# Modificar tensión de salida de fuente de alimentación conmutada



## fly (Abr 29, 2008)

Hola, sabeis si se puede modificar la tensión de salida de una fuente de alimentación conmutada? o no se puede por el transformador que lleva de salida? Muchas gracias.


----------



## DJ DRACO (Abr 29, 2008)

NO importa que fuente tengas, a todas se le puede variar la tension y la corriente tambien, pero necesito mas información de tu fuente para ayudarte. esquemas, voltaje, intensidad, información.


----------



## fly (Abr 29, 2008)

Es una fuente de alimentación para leds de tridonic atco, de 12 V y quería ver si podía pasar de esos 12 V a 60 V o algo así, si quieres te puedo decir el integrado que controla a la fuente. Gracias y un saludo.


----------



## Mandrake (May 6, 2008)

Para modificar una fuente conmutada primero debes conocer la relacion espiras por voltio.
Este punto lo alcanzaremos asi:

Agrega una vuelta (espira) al transformador de salida de la fuente conmutada; conectamos un sencillo circuito rectificador de media onda (1N4007) y condensador (1000uF) a la espira, en paralelo con el condensador colocamos un tester en escala VDC y medimos el voltaje obtenido de esa espira; si la lectura fuera muy baja entonces se hace la prueba con 2 o mas espiras.

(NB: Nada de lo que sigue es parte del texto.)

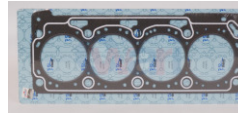

945-032103388N
JUNTA CABEZA POLO
LUPO 03-07 1.6L
GRAFI
$ 65.21
Marca: TOP ENGINE
Armadora: VW
Grupo: MOTOR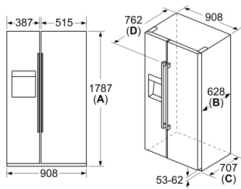

Serie | 6, Side-by-side, 178.7 x 90.8 cm, inox-easyclean KAI93VIFP

Mått i mm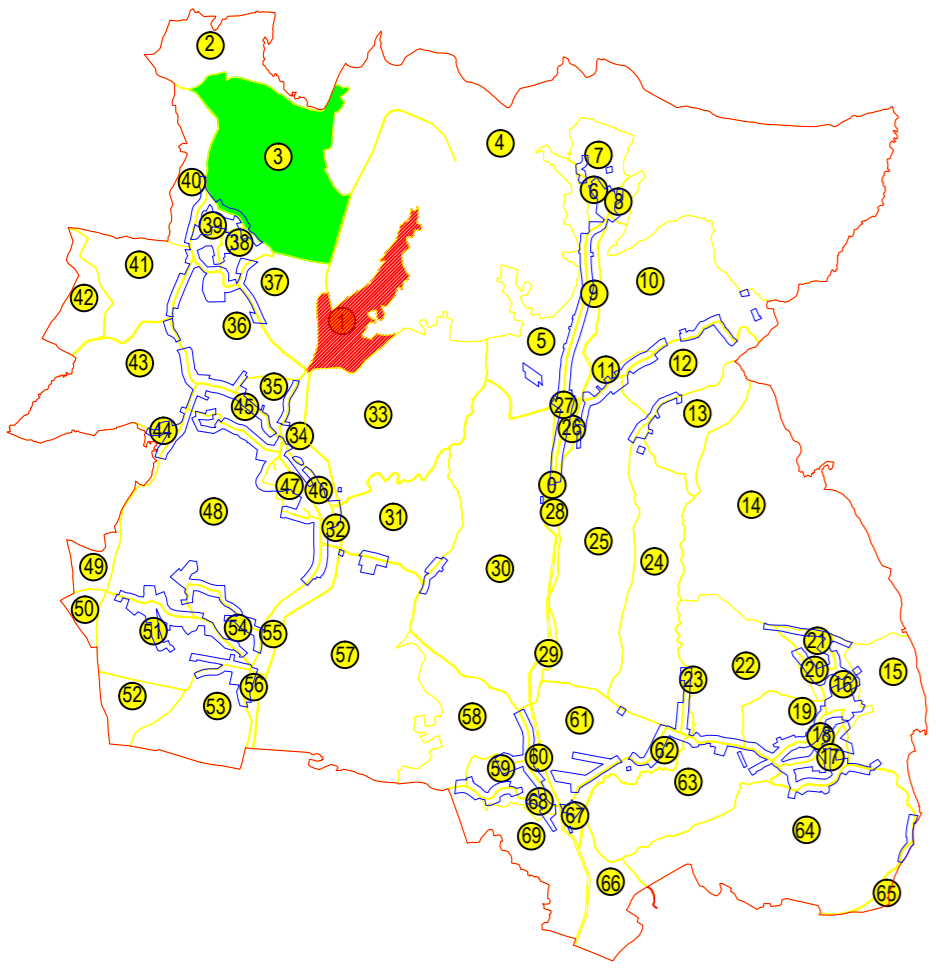

Schita dispunere sectoare cadastrale

- LEGENDA:
- Limita sector cadastral 3
 - Limita contur imobil
 - Limita constructii
 - Limita UAT
 - Limita intravilan
 - ID-Imobil
- 3001
- 3
- Numar sector cadastral

Executant:
S.C. HELMERT S.R.L.

Data :01.2024
"Spre Publicare" - Plansa 2

PLAN CADASTRAL
UAT STRUGARI, Judetul Bacau, Sector cadastral Nr.3
Scara: 1:1000
Sistem de proiectie STEREO 70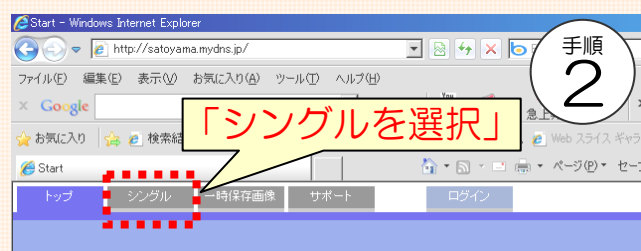

栃木県 那須烏山市 大木須 のウェブカメラ「里山ライブ！」

～里山の田園風景をのぞいてみよう!!～

方法1 ～パソコンから見る～

1. インターネットのブラウザを開き、下記の URL を入力し「Enter」を押します。
2. 画面上方の「シングル」をクリックします。
3. 現在の様子が表示されるのでご自由にカメラを操作してください。なお、初回の接続時に限りアドオン機能（ActiveX や JAVA 等）をインストールするよう通知が表示されるので「許可」してお使いください。

手順 3

画面上をクリックするとカメラの向きを変えられます。マウスのホイール(コロコロ)で拡大縮小ができます。

静止画をパソコンに保存できます。

矢印キーで上下左右にカメラの向きを変えられます。「O」キーでもとのポジションに戻ります。

拡大縮小ができます。

地元農家さんと私たちが管理している4種類の水田が見られます。(プリセット機能)

- ① 生落葉水田 (冬水)
- ② 落葉堆肥水田 (慣行)
- ③ 試験田 (冬水)
- ④ 試験田 (慣行)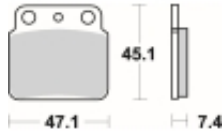

Link do produktu: <https://www.motorus.pl/sbs-649-si-motocyklowe-klocki-hamulcowe-komplet-na-1-tarcze-p-33605.html>

SBS 649 SI motocyklowe klocki hamulcowe komplet na 1 tarczę

Cena	89,10 zł
Dostępność	2 do 30 dni
Czas wysyłki	Na zamówienie
Numer katalogowy	649 SI
Producent	SBS

Opis produktu

SBS 649SI motocyklowe klocki hamulcowe komplet na 1 tarczę

Klocki hamulcowe SI

Klocki serii OFF ROAD wykonane ze spieków metali. W piasku czy w błocie w słońcu czy w deszczu specjalna mieszanka składników tworzących elementy cierne zapewni odpowiednią siłę hamowania. Nowoczesny materiał cierny stanowiący dorobek najnowszych technologii obróbki metali jest kompromisem pomiędzy siłą hamowania a minimalnym zużyciem. Charakterystyka klocka idealnie znosi arcytrudne warunki pracy jakie narzuca użytkowanie pojazdu w terenie.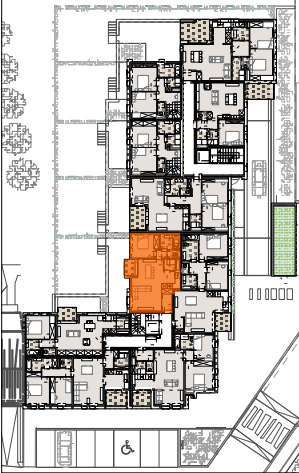

Immeuble Le Lorrain
Av. de Longwy à Arlon

Appartement A1.1

Echelle : 1/100

0 1 2 m

Surface appartement : 68,59 m²

Séjour : 26,00 m²
Cuisine : 4,80 m²
Buanderie : 2,40 m²
Chambre : 11,00 m²
S-d-b : 5,20 m²
WC : 1,20 m²
Terrasse : 2,90 m²

ETAGE 1

Asi se obtiena la relacion de forma practica, luego haz los calculos para modificarla de acuerdo a tus necesidades.

No es necesario modificar el bobinado primario.


----------



## fly (May 7, 2008)

El problema es que no queria modificar la bobina, mas que nada por que me parece casi imposible, al tratarse de bobinas de hilo muy muy fino, con muchas vueltas y aparte desarmar la bobina lo veo imposible. Yo tenia pensado en modificar alguna resistencia del CI que controla la conmutación en el primaria de la bobina, alterando su frecuencia y por lo tanto modificando la tensión de salida. Esto se suele hacer así para modificar la tensión de salida de una fuente conmutada? Gracias.


----------



## DOSMETROS (Ene 30, 2010)

> Agrega una vuelta (espira) al transformador de salida de la fuente conmutada; *conectamos un sencillo circuito rectificador de media onda (1N4007)* y condensador (1000uF) a la espira, en paralelo con el condensador colocamos un tester en escala VDC y medimos el voltaje obtenido de esa espira; si la lectura fuera muy baja entonces se hace la prueba con 2 o mas espiras.


 
*man05drake;85330* , el sistema es el correcto, salvo que el 1N4007 sirve para fuentes convencionales, para conmutadas obligadamente un díodo rápido.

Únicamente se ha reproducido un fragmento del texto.